[Records from a data collection]
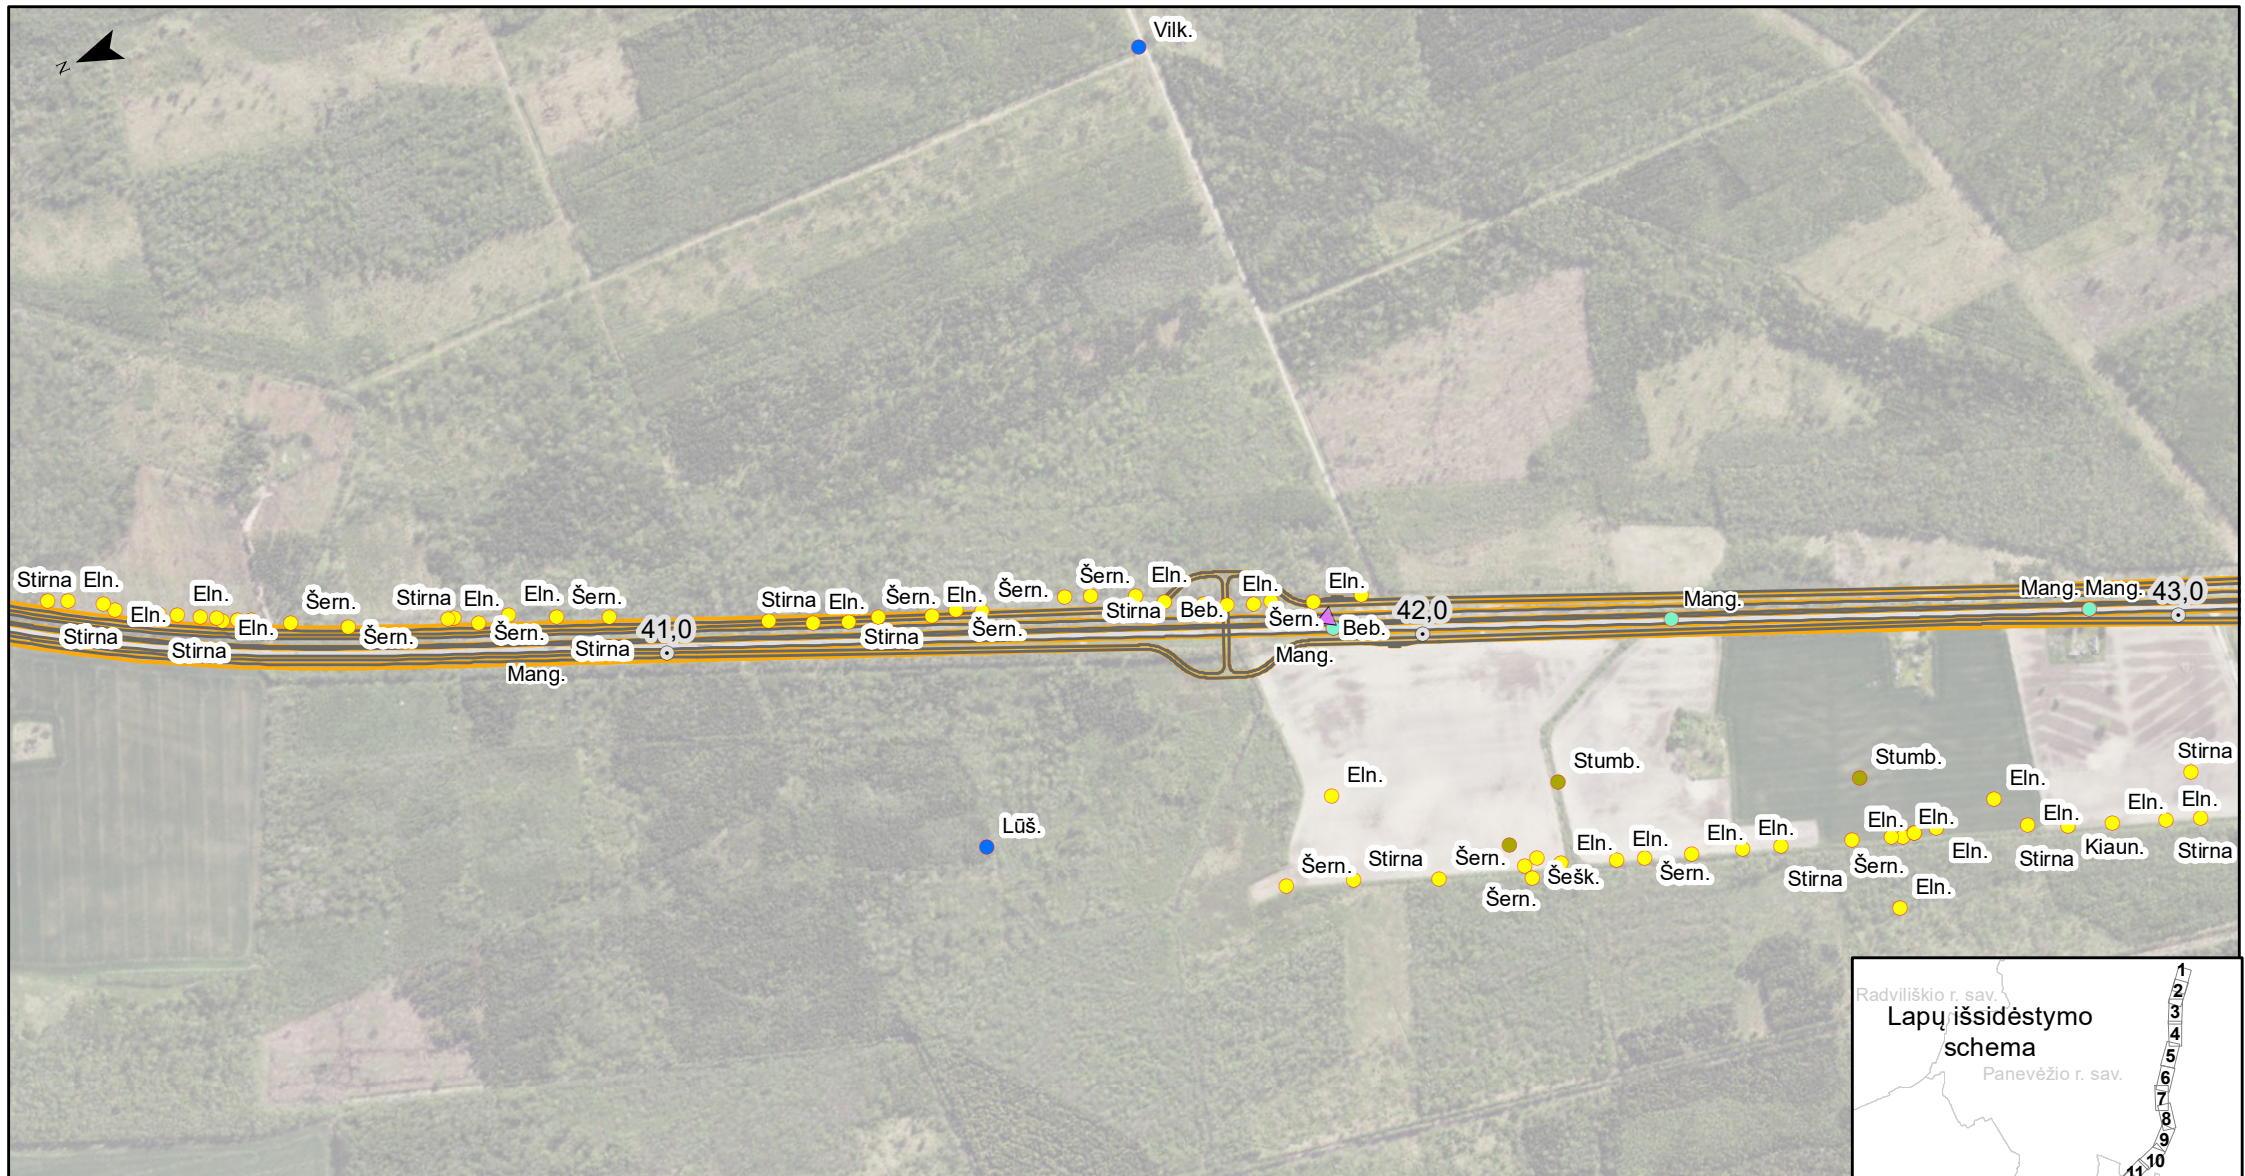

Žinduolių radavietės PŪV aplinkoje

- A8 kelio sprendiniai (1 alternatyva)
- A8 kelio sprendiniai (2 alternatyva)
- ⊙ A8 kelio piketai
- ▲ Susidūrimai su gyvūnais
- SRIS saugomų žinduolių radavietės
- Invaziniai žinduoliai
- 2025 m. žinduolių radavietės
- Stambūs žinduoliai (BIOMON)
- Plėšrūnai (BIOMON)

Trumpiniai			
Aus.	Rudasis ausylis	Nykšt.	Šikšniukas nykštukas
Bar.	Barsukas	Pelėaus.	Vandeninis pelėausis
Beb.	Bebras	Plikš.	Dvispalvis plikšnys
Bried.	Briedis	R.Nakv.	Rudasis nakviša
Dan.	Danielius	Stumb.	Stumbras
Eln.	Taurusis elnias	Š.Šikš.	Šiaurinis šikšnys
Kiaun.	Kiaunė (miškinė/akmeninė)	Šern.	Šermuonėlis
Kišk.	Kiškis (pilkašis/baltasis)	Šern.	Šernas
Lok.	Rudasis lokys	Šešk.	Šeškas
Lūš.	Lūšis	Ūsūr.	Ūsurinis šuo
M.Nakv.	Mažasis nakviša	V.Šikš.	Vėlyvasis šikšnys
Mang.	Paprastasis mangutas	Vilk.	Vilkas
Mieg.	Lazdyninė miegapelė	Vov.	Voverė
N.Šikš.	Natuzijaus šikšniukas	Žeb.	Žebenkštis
---
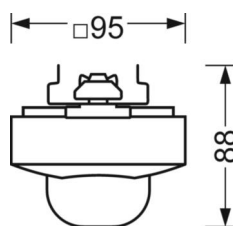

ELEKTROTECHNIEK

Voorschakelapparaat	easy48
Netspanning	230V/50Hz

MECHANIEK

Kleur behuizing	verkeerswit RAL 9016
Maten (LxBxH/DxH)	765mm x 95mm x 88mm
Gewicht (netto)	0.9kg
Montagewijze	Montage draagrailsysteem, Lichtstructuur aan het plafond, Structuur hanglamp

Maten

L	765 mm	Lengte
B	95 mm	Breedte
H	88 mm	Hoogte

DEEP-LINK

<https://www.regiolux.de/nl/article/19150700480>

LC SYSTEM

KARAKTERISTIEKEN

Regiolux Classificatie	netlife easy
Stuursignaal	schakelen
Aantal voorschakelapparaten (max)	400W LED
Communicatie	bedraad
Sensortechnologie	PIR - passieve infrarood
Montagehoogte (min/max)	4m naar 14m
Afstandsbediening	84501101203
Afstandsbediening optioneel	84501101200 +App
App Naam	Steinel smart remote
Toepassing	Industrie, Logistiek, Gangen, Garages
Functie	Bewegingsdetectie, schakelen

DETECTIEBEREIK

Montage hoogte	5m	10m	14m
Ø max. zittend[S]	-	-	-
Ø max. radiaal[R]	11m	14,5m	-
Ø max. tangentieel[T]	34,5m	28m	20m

• _Directions for this task_
Within the entries above, find the string "žinduoliai" and return each line that holds it.

• _Exercise result_
- Invaziniai žinduoliai
- Stambūs žinduoliai (BIOMON)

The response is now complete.